David: Yes, so key lessons? Don't have oral contracts because if this had been written down in the first place, it probably wouldn't have ended up in this dispute. If there is an oral contract then it is very sensible to write down as soon as possible after the contract is formed what you thought the contract said because that might be really helpful five years later when you are arguing in front of a judge. Rather than saying what you thought you remember, you have got a contemporaneous note. Even better, one that has been sent to the other side at the time - that is going to be helpful. But, if you are going to end up with a contract like this, if something is going to be a real big swing, that £6.5 million was all or nothing wasn't it.

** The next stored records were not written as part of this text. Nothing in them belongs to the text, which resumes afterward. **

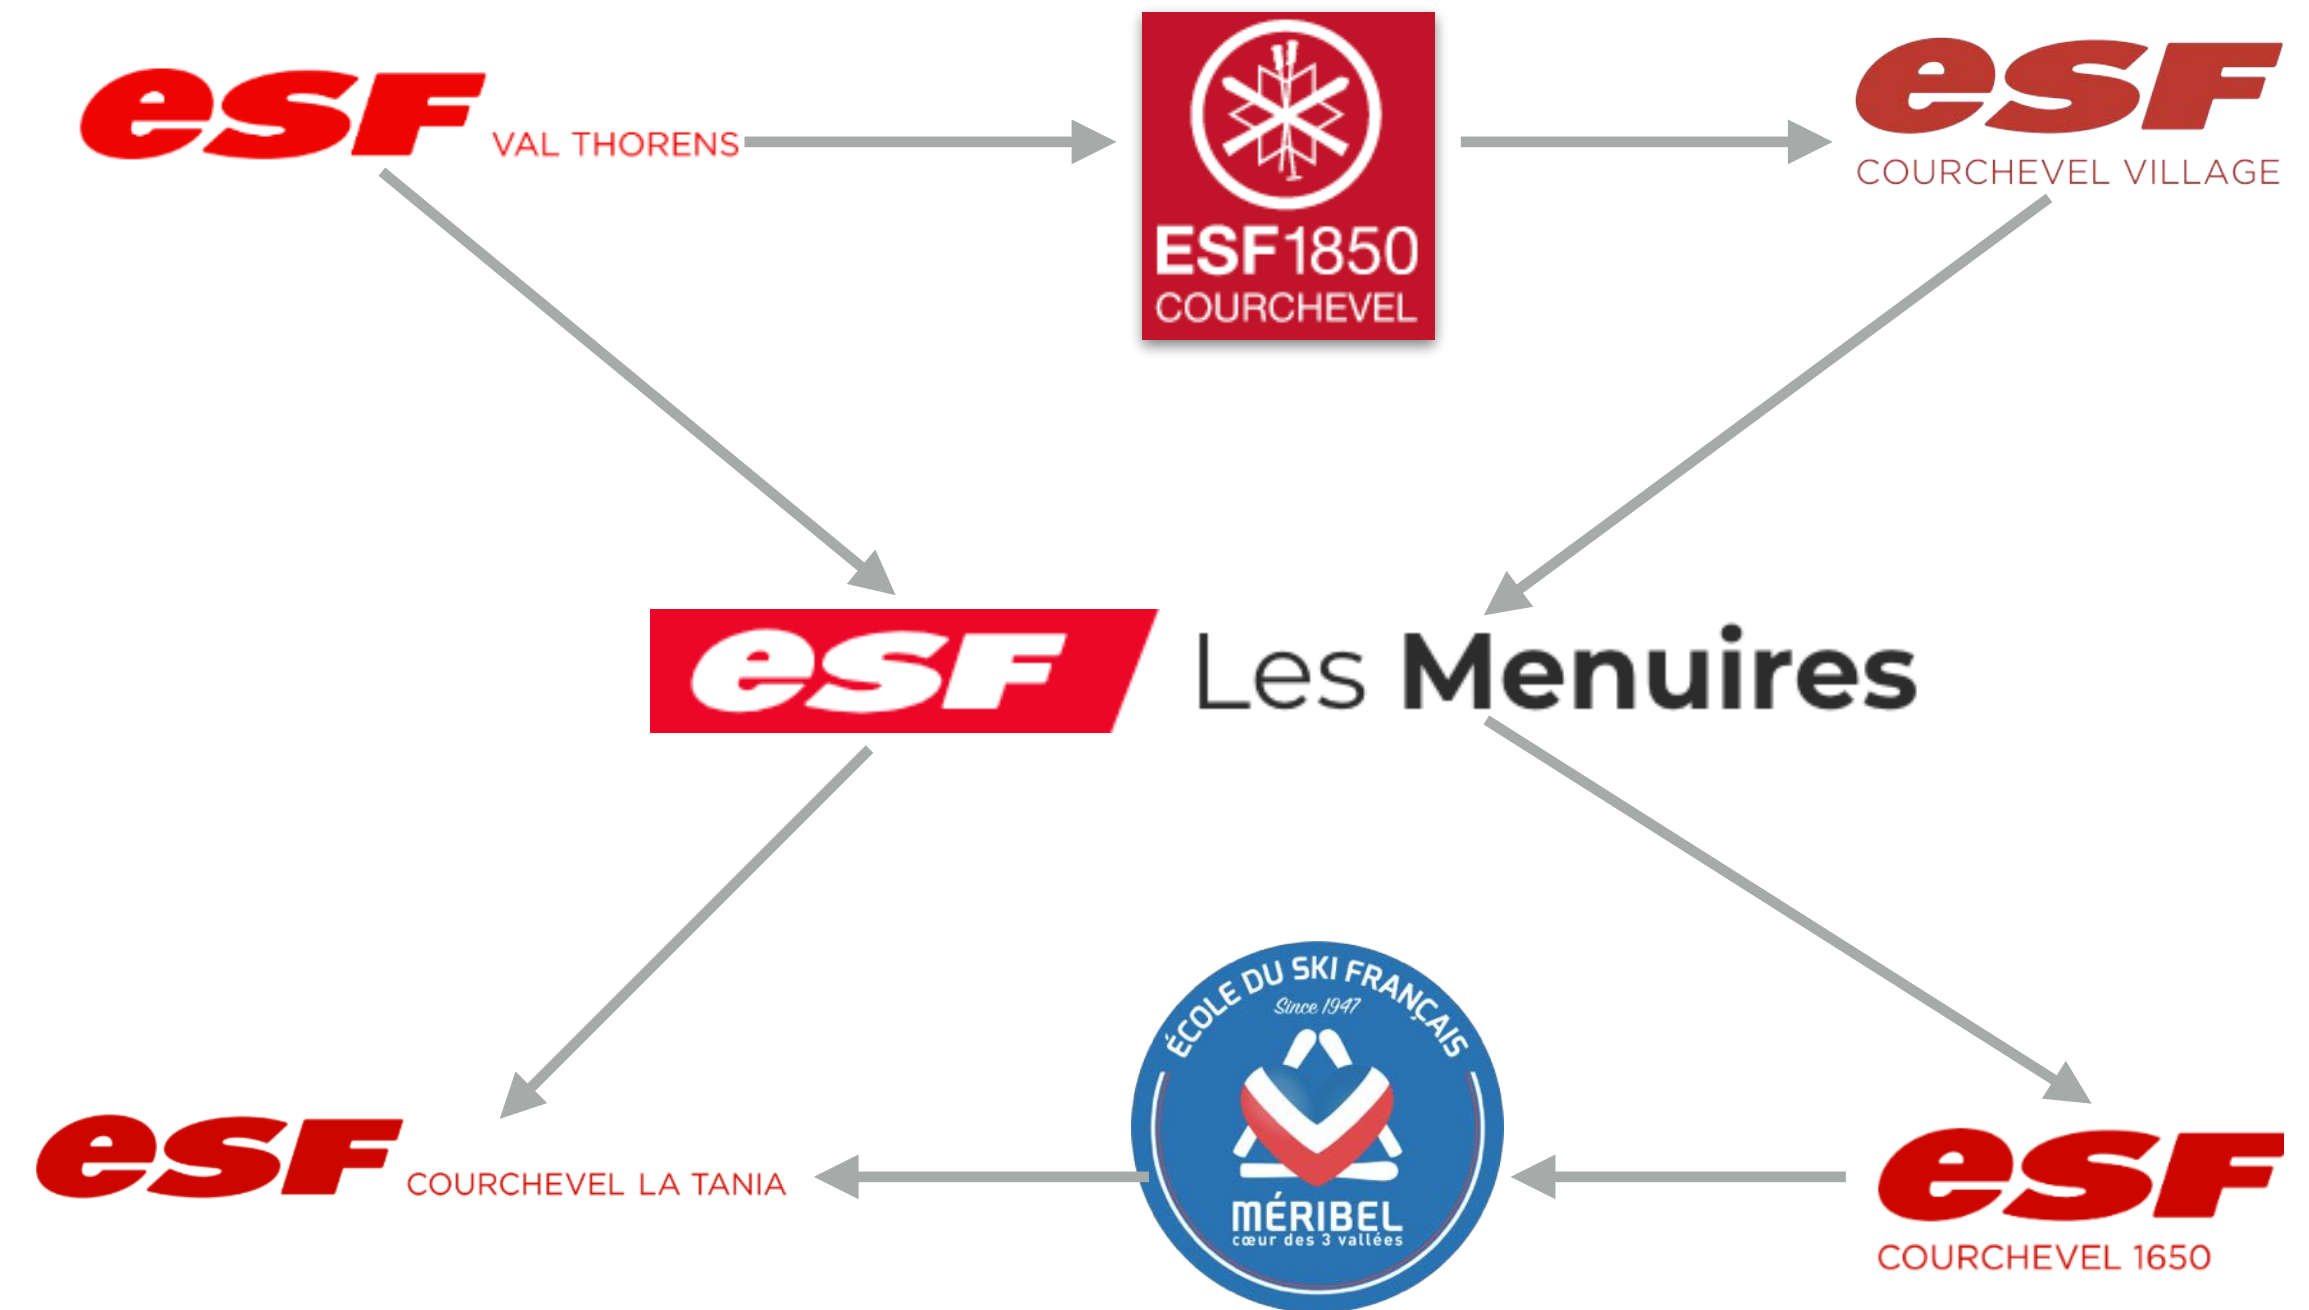

- ★ Sites dans la même thématique
- ★ Sites puissants
- ★ Réseau très étendu
- ★ ...mais très peu exploité par les écoles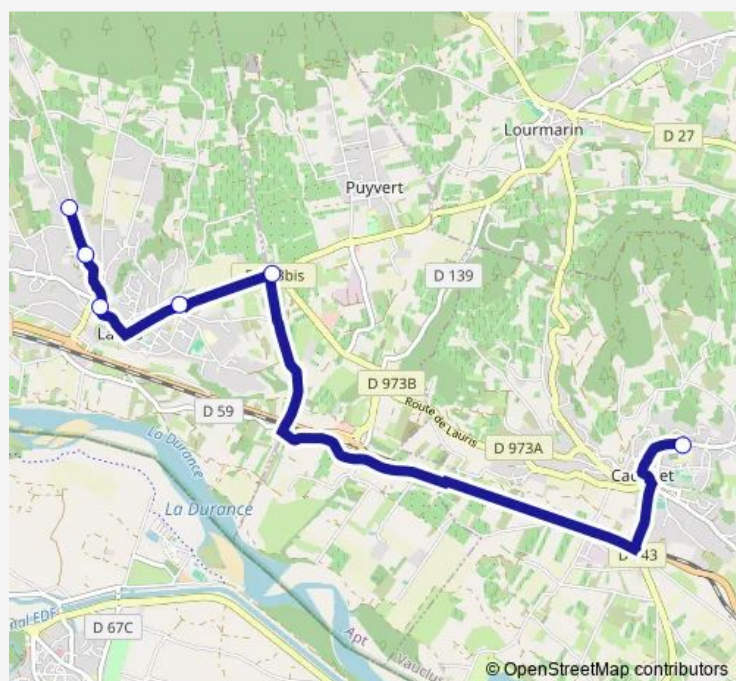

### Direction

Collège le Lubéron — Résidence le Luberon

6 stops

[Open route schedule](#)

Collège le Lubéron

Saint Pierre

Cimetière

Gaillardon

### Route schedule

Collège le Lubéron — Résidence le Luberon

Monday 15:45-16:55

Tuesday 15:45-16:55

Wednesday 12:05

Thursday 15:45-16:55

Friday 15:45-16:55

Saturday —

### Route info

Direction: Collège le Lubéron

Stops: 6

Trip Duration: 0 hour 25 min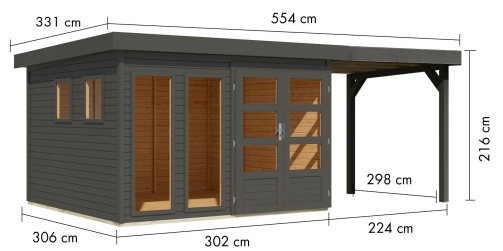

19 MM WANDPROFIL

- 01 Aus nordischer Fichte gehobelt
- 02 Perfekte Fräsung
- 03 Perfekter Sitz
- 04 Wasserabweisende Profilierung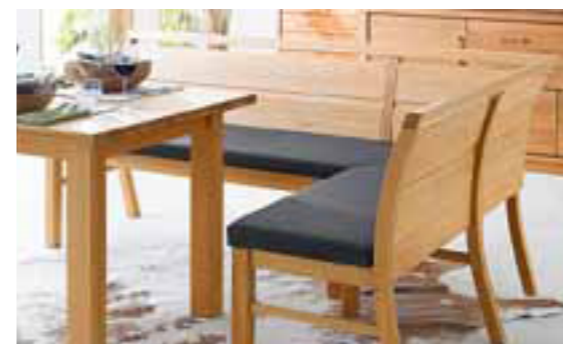

ALEA

VALMONDO[®]
...aus Liebe zur Natur

Der Besteckkasten ist ein schönes Beispiel traditioneller Handwerkskunst. Hochwertige Verarbeitung kombiniert mit größtmöglicher Funktionalität.

Speisezimmer, best. aus: 4-Fußtisch mit eingerücktem Gestell, L/B/H ca. 140x85x76 cm, 2 Stühlen, 1 Armlehnstuhl, Eckbankkombination, Sideboard und Vitrinenschrank.

Die massiven Schubkästen zeichnen sich durch Stabilität und Langlebigkeit aus. Die Schubkastenzargen werden in massiver Eiche gefertigt.

Handwerkliche Perfektion trifft auf modernes Massivholz-Design.

ALEA ist ein vielseitiges Massivholz-Programm, gefertigt aus **massiver rustikaler Asteiche**. Der Kontrast von geradlinigem Design und ausdrucksvollen Holzoberflächen entspricht dem modernen Zeitgeist. Liebevoll gestaltete Details wie handwerkliche Eckverbindungen in den Türen, Schubkästen mit Fingerzinken und elegante Metall-Griffleisten tragen zur hochwertigen Optik von ALEA bei. Der umfangreiche Typenplan mit zahlreichen Kombinationsmöglichkeiten für Wohn- und Speisezimmer bietet Raum für ein individuelles, durchgängiges Ambiente nach Ihren Wünschen.

ALEA macht Ihr Speisezimmer zum Treffpunkt für Familie und Gäste. Tische und Einzel- oder Eckbänke sind in vielen Größen erhältlich.

Funktionell & komfortabel. In 3 Schritten zum großen Tisch: Tischverlängerung ausziehen, Platte aufklappen, Gestell zusammenschieben, fertig!

Speisezimmer, best. aus: Säulentisch mit Holzsockelplatte (alternativ: Granitbodenplatte), ausziehbar, L/B/H ca. 180+80x95x76 cm, Einzelbank, 2 Stühlen, 2 Armlehnstühlen, Highboard und Sideboard.

Natürlichkeit als Ausdruck für einen ausgesuchten Geschmack.

If you got £6.49 million you got nothing, you got £6.5 million you won the lottery and got £1.2 million.
Given the importance of that swing, it must be worth emphasising in your contract "yes we really mean that". I think the words the judges use is "if and only if", so it would have only taken three words probably - but I think as drafter we would have probably put a little bit more than that - but make it clear where there is a big difference that that is understood and agreed.
Andrew: And perhaps an express term that says that there are to be no implied terms in the contract because you can't have an implied term to the extent that it contradicts an express term, which was one of the points raised in the Supreme Court.
David: Yes absolutely, and of course traditional estate agents would normally have written terms that would make this all very clear, but of course Mr Barton wasn't an estate agent he was trying to do a deal to recover his money and that is why he fell into this really.
Great well thank you very much listeners. I hope you found that interesting, a useful insight into the thinking of the Courts. It is really interesting in this case that although the Supreme Court agreed with me, that actually two of the Supreme Court's judges didn't, the whole of the Court of Appeal didn't, and that is why if you have got a really important threshold in the contract it is really important to emphasise what happens if it is not met because on a different day of the week, you might have had a different mix of judges who might have come to a different view on this case. Thank you.